━━━ Material for this task

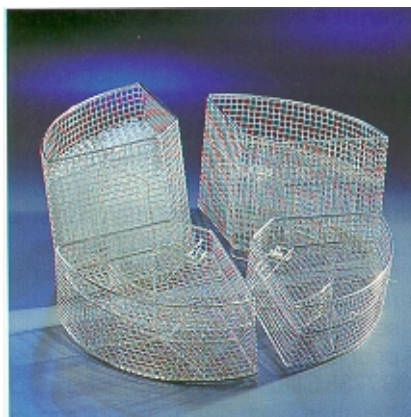

Descriptif :

- 1/4 compléments pour 160 tubes à essais divisés en 6 compartiments, avec couvercle A 13, jusqu'à 75 mm
- Largeur des mailles 8 x 8 mm
- Pour paniers supérieurs et inférieurs

Photo : 4 1/4 compléments pour tubes à essais

Accessoire laboratoire

ACCESSOIRE

E 103

Code article : **69.5103.01**

Colisage :

Longueur :	200	mm
Profondeur :	320	mm
Hauteur :	102	mm
Volume :	0.006	m ³
Poids Net :	0.0	Kg

━━━━━━

What you are asked to do: The answer must be a word-for-word copy of all the entries, containing no pictures.

Result:
Descriptif :

- 1/4 compléments pour 160 tubes à essais divisés en 6 compartiments, avec couvercle A 13, jusqu'à 75 mm
- Largeur des mailles 8 x 8 mm
- Pour paniers supérieurs et inférieurs

Photo : 4 1/4 compléments pour tubes à essais

Accessoire laboratoire

ACCESSOIRE

E 103

Code article : **69.5103.01**

Colisage :

Longueur :	200	mm
Profondeur :	320	mm
Hauteur :	102	mm
Volume :	0.006	m ³
Poids Net :	0.0	Kg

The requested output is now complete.